Deploy Smart Contracts: Modify the network startup scripts (within ./chainfl/interact or related setup files) to deploy your newly created smart contracts to the embedded Ethereum network when VeryFL is initialized. This ensures that your smart contracts are active and accessible during federated learning experiments.
Wrap Function Calls (Brownie SDK): Create a wrapper class or functions within the ./chainfl/interact directory using the Brownie SDK. This wrapper will provide a Python interface to interact with your deployed smart contracts. It will abstract the complexities of blockchain interactions, allowing you to call smart contract functions from your Python-based federated learning code.
Interact with Blockchain during Training: Integrate calls to your Brownie SDK wrapper functions within the federated learning training loop (e.g., in the Trainer or Aggregator classes). This allows you to trigger on-chain operations, such as recording model updates on the blockchain or verifying participant contributions, at relevant points during the federated learning process. This seamless integration of on-chain mechanisms makes VeryFL a powerful blockchain federated learning model benchmark for exploring decentralized and secure federated learning paradigms.

Relative Articles

For deeper insights into the design, applications, and theoretical underpinnings of VeryFL and related concepts, refer to the following research articles:

[1] [VeryFL Design] VeryFL: A Verify Federated Learning Framework Embedded with Blockchain(Arxiv) – This paper details the architecture and design principles behind the VeryFL framework.

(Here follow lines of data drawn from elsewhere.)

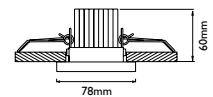

ESQUEMA - SIZES 71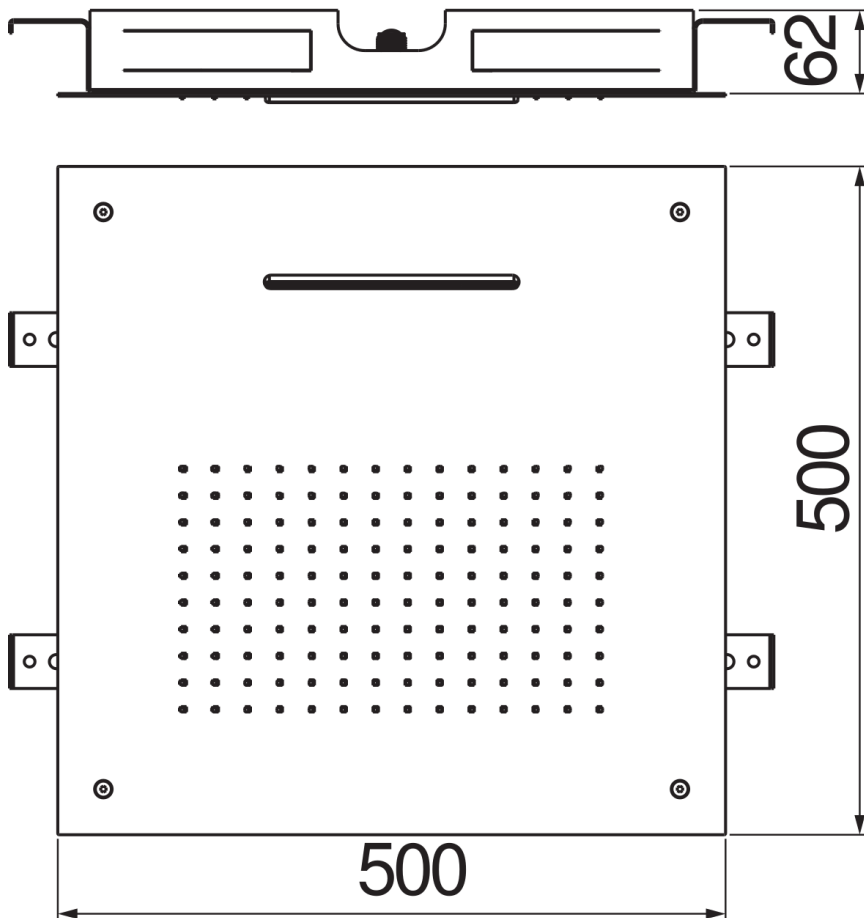

SPECIFICHE

Soffione a incasso (Inox)

Moon drop PVD

Dimensione 500 x 500 mm

Ingresso a 2 vie

Getto pioggia

Getto cascata

Imballo: 59 x 59 x 11,5 cm / 0,04003 m³ / 10,27 kg

DIAGRAMMA DI PORTATA: ACQUA CALDA/FREDDA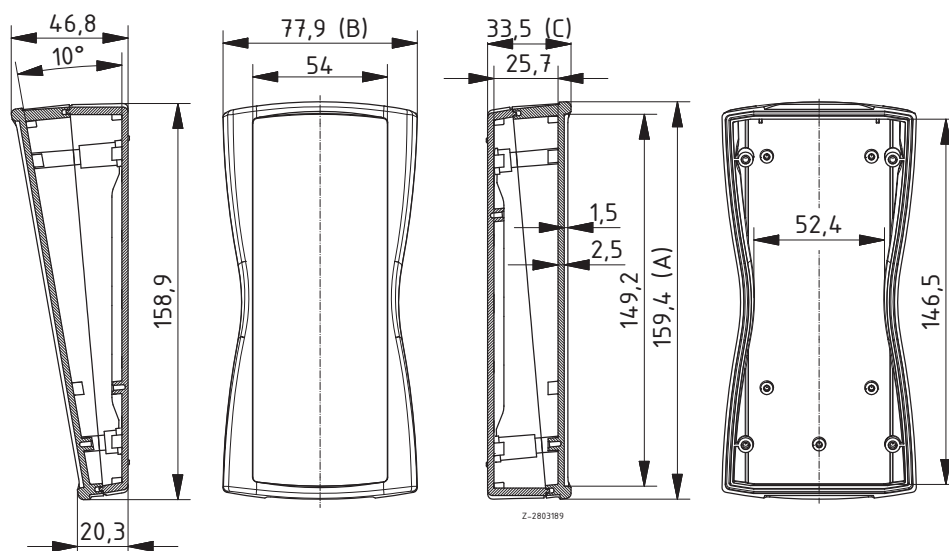

BOS-Streamline

Mit Folientastaturfläche und Batteriefach

Model	Order no.	A	B	C	IP	Colour
BS 601 F-7024	82601124	159.4	77.9	33.5	40	Graphitgrau
BS 601 F-7035	82601135	159.4	77.9	33.5	40	Lichtgrau

Scope Of Delivery:

Ober- und Unterteil, 4 Schrauben, Batteriefachdeckel, Schrauben, Batteriekontakte

Model	Order no.	A	B	C	IP	Colour
BS 603 F-7024	82603124	159.4	77.9	33.5	40	Graphitgrau
BS 603 F-7035	82603135	159.4	77.9	33.5	40	Lichtgrau

Scope Of Delivery:

Ober- und Unterteil, 4 Schrauben, Batteriefachdeckel, Batteriefachdichtung, Schrauben, Batteriekontakte

Notes: Mit Dekordichtung DI-D aufrüstbar auf IP 65

Model	Order no.	A	B	C	IP	Colour
BS 604 F-7024	82604124	159.4	77.9	35.5	65	Graphitgrau
BS 604 F-7035	82604135	159.4	77.9	33.5	65	Lichtgrau

Scope Of Delivery:

Ober- und Unterteil inkl. Dichtung, 4 Schrauben, Batteriefachdeckel, Batteriefachdichtung, Schrauben, Batteriekontakte

Notes: Nicht mit Dekordichtung DI-D kombinierbar.

[2] [Model Copyright] Tokenized Model: A Blockchain-Empowered Decentralized Model Ownership Verification Platform(Arxiv) – This article explores the concept of tokenized models and blockchain-based mechanisms for model copyright protection, a feature demonstrated in VeryFL.

[3] [Overall Background] Towards Reliable Utilization of AIGC: Blockchain-Empowered Ownership Verification Mechanism(OJCS 2023) – This paper provides a broader context on the use of blockchain for enhancing the reliability and trustworthiness of AI-generated content, including federated learning models.

[4] [Using VeryFL] A decentralized federated learning framework via committee mechanism with convergence guarantee(TPDS 2022) – This research utilizes VeryFL to implement and evaluate a decentralized federated learning framework based on a committee mechanism, showcasing the practical applications of VeryFL.